**ASSIGNMENT:**
The line holding "مخرج الصرف HDPE" is the last one to output; start at the first line of the data, keep every line in between exactly, and leave out pictures.

[SUPPLIED INFORMATION — start]

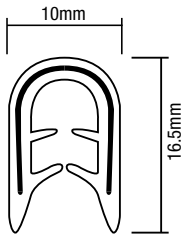

## 2 PINCHWELD PVC TRIMS - 50m Rolls

090Z059

BLACK

Grip Range: 0.5mm - 1.0mm

090Z063

BLACK

Grip Range: 1.0mm - 2.0mm

090Z16

090Z037

BLACK

Grip Range: 1.5mm - 4.5mm

090Z056

BLACK

Grip Range: 1.0mm - 3.5mm

090Z173

BLACK

Grip Range: 1.5mm - 4.0mm

186N12

BLACK

Grip Range: 0.8mm - 3.5mm

090Z222

EPDM Rubber

Grip Range: 1.0mm - 4.0mm

090Z083B
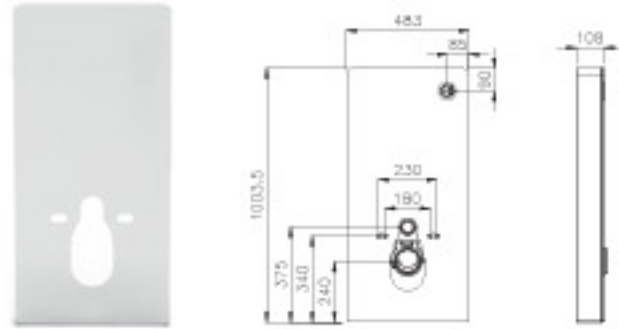

صهريج بخزانة

G130-W للتشغيل العلوي
خاص بالمرحاض المعلق
على الحائط
صمام تدفق مزدوج قابل للتعديل
3/4.5L, 3/6L, 4/7L
شبكة التزويد بالماء : R 1/2
مخرج الصرف HDPE
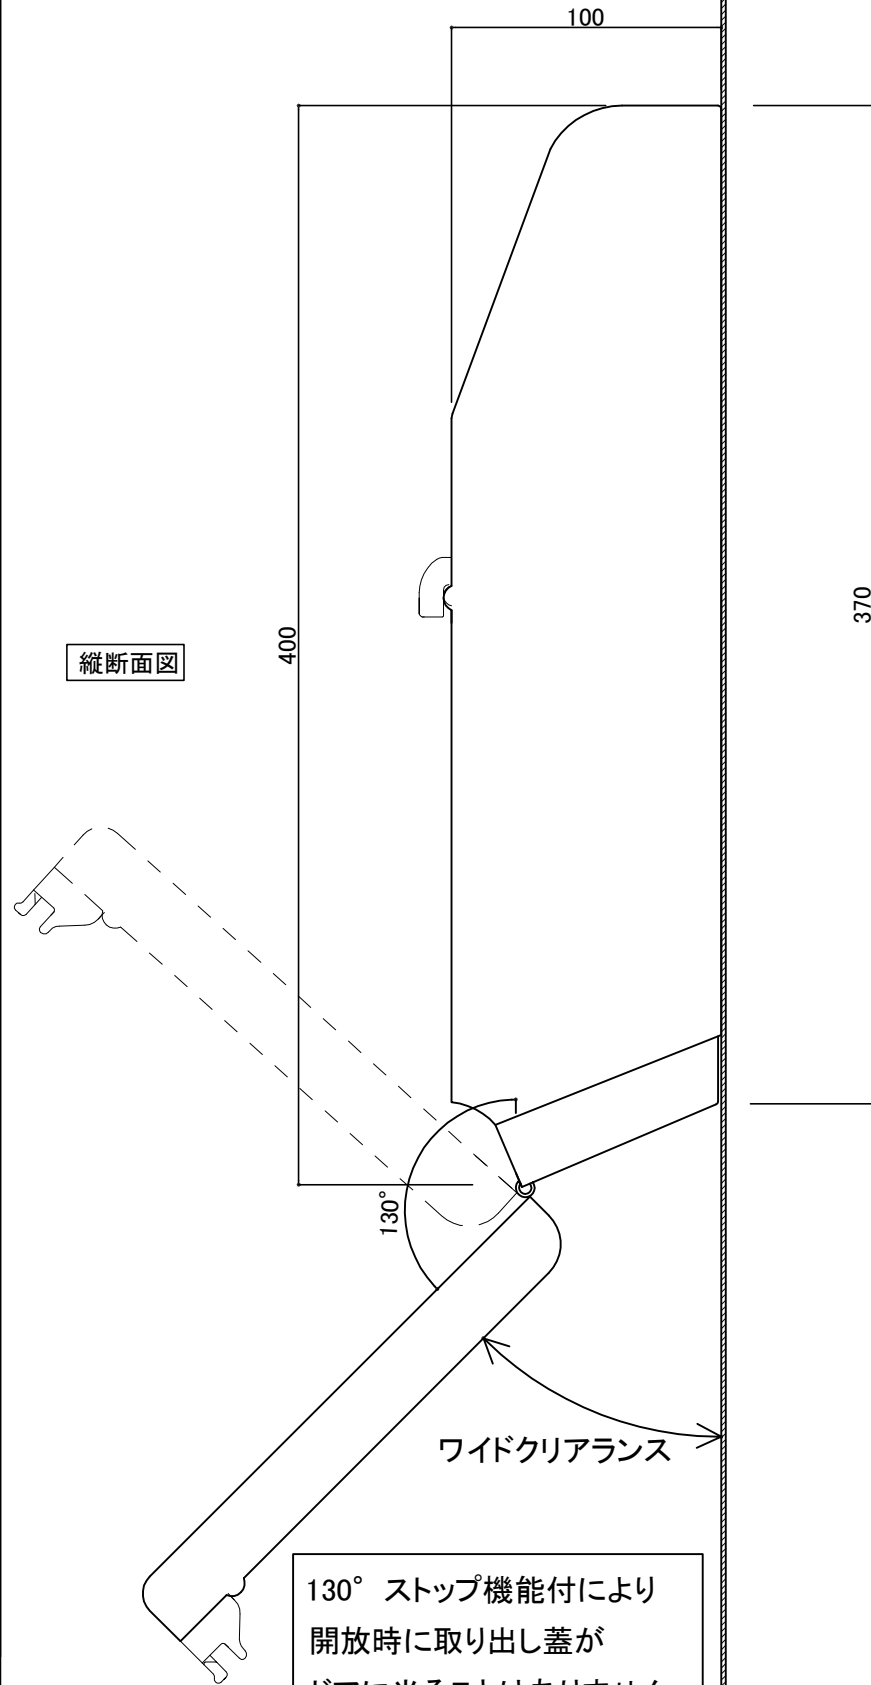

郵便受箱(片面プレスドア用)

外気防止(遮風)標準付属品

キンデックス KD-2YS型

(アイボリーホワイト色)

部屋内よりの視図

ドア側よりの視図(裏側)

③ 17- 2-20 箱見直し(共用化)
 ② 15-11-20 型式変更

設計監理	工事名				設計監理	出力日
年月日	調査	設計	営業	縮尺	施工	殿 全枚数
施工	名称 郵便ポスト キンデックスKD-2YS型 詳細図1				縮尺	殿 図番
年月日					1/2	
					<i>Kindex</i>	

郵便受箱(片面プレスドア用)

キンデックス KD-2YS型

(アイボリーホワイト色)

外気防止(遮風)標準付属品

扉本体
1.6mm

縦断面図

130° ストップ機能付により
開放時に取り出し蓋が
ドアに当ることはありません。

- ③ 17- 2-15 箱見直し(共用化)
- ② 15-11-20 型式変更
- ③ 16- 4-12 外気防止シート追加

縦断面図

標準納まり図

設計監理	工事名				設計監理	出力日
年月日	調査	設計	営業	縮尺	施工	殿 全枚数
施工	名称 郵便ポスト キンデックスKD-2YS型 詳細図2				殿	図番
年月日					<i>Kindex</i>	
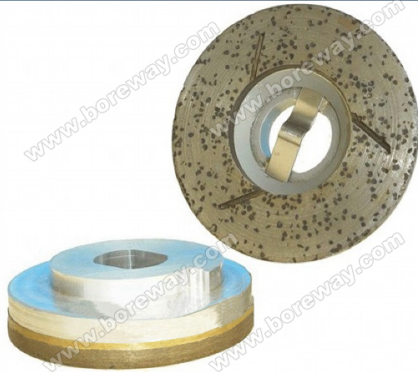

尺寸	规格	规格	规格
4"/100	5/6	M14 M16	30
4.5"/115	5/6	M18 M20	60
5"/125	5/6	5/8"-11	
6"/150	5/6	20 22.23	120
7"/180	5/6		
8"/200	5/6		
9"/230	5/6		

Boreway Machinery Co., Ltd.
www.diamondtools.top
www.boreway.com
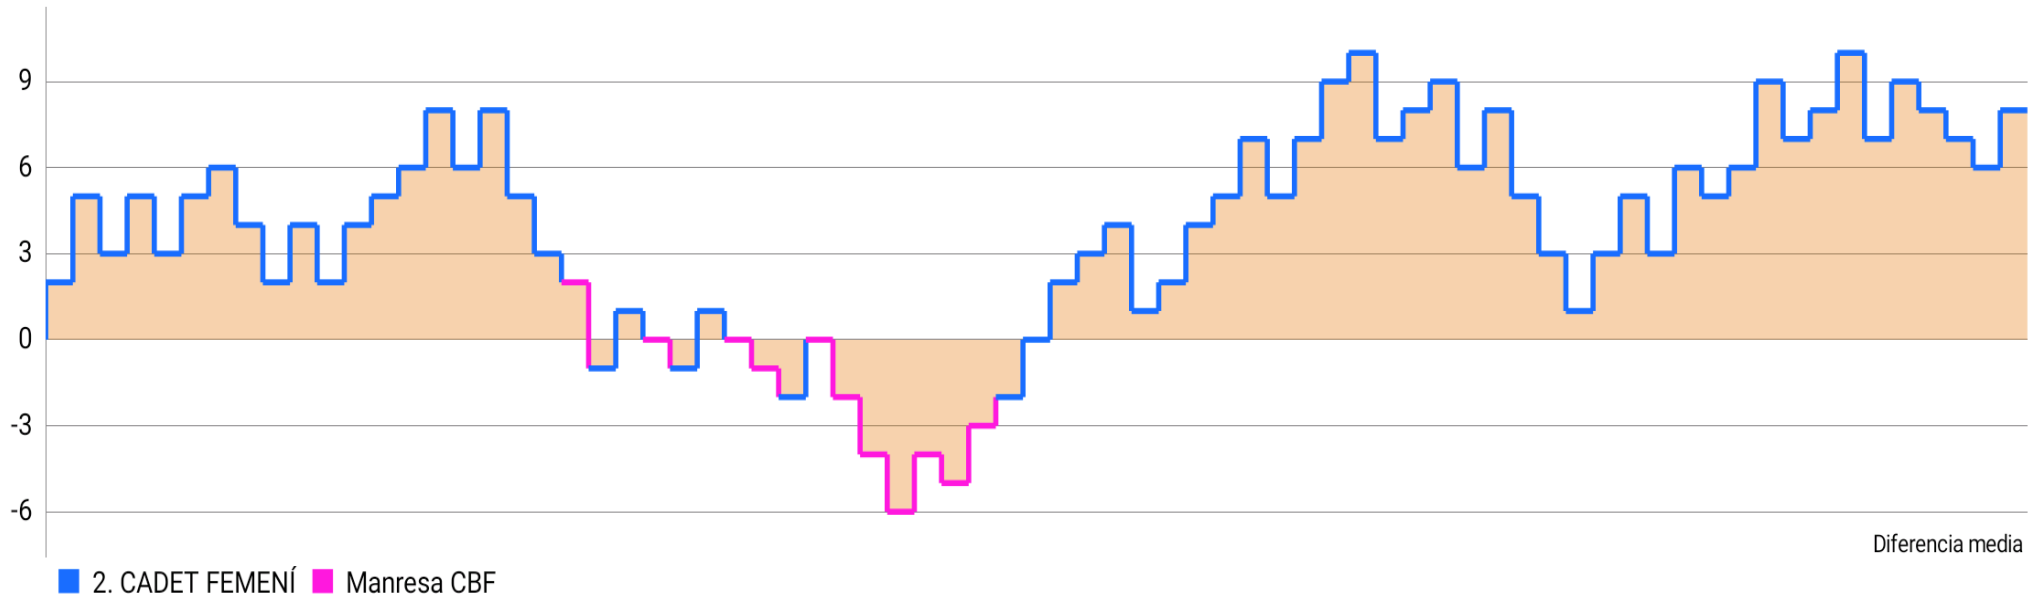

2. CADET FEMENÍ (70) vs (62) Manresa CBF

Informe del partido (jun. 12, 2022)

Basketball Stats Assistant

Puntos	Q1	Q2	Q3	Q4	Total
--------	----	----	----	----	-------

2. CADET FEMENÍ	16	12	24	18	70
-----------------	----	----	----	----	----
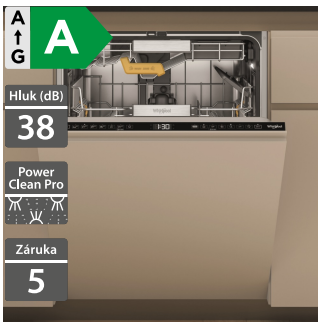

4 590 Kč

Doporučená cena

2 990 Kč

Akční cena Oresi

Whirlpool WH8IA15AM3TUSO

Whirlpool W8I HT58 TS

- Šířka - 600 mm
- Plně vestavná myčka nádobí
- Vnitřní prostor Maxispace, LCD, ovládání tlačítky
- 8 programů: 6. SMYSL - 3x Auto (Intenzivní 65 °C, Mix 55 °C, Rychlý 50 °C); Eco 50 °C, Rapid 45 °C, Sklo, Předmytí, Samočištění
- Time on floor - promítání zbytkového času na podlahu
- Přídavné funkce: Odložený start, Tichý, 1/2 náplň, Antibakt. oplach, Sušení Extra
- Výbava: SpaceClean zásuvka, Posuvné panty, Aquastop
- Spotřeba energie/vody za cyklus: 0,55 kWh/9,9 l
- Rozměry (V x Š x H): 820 x 598 x 555 mm

28 690 Kč

Doporučená cena

24 990 Kč

Akční cena Oresi

- Šířka - 600 mm
- Plně vestavná myčka nádobí
- Vnitřní prostor Maxispace, LCD, ovládání tlačítky
- 8 programů: 6. SMYSL - 3x Auto (Intenzivní 65 °C, Mix 55 °C, Rychlý 50 °C); Eco 50 °C, Rapid 45 °C, Sklo, Předmytí, Samočištění
- Time on floor - promítání zbytkového času na podlahu
- Přídavné funkce: Odložený start, Tichý, 1/2 náplň, Antibakt. oplach, Sušení Extra
- Výbava: SpaceClean zásuvka, Posuvné panty, Aquastop
- Spotřeba energie/vody za cyklus: 0,64 kWh/9,5 l
- Rozměry (V x Š x H): 820 x 598 x 555 mm

[SUPPLIED INFORMATION — finish]

**SOLUTION:**
## 2 PINCHWELD PVC TRIMS - 50m Rolls

090Z059

BLACK

Grip Range: 0.5mm - 1.0mm

090Z063

BLACK

Grip Range: 1.0mm - 2.0mm

090Z16

090Z037

BLACK

Grip Range: 1.5mm - 4.5mm

090Z056

BLACK

Grip Range: 1.0mm - 3.5mm

090Z173

BLACK

Grip Range: 1.5mm - 4.0mm

186N12

BLACK

Grip Range: 0.8mm - 3.5mm

090Z222

EPDM Rubber

Grip Range: 1.0mm - 4.0mm

090Z083B

صهريج بخزانة

G130-W للتشغيل العلوي
خاص بالمرحاض المعلق
على الحائط
صمام تدفق مزدوج قابل للتعديل
3/4.5L, 3/6L, 4/7L
شبكة التزويد بالماء : R 1/2
مخرج الصرف HDPE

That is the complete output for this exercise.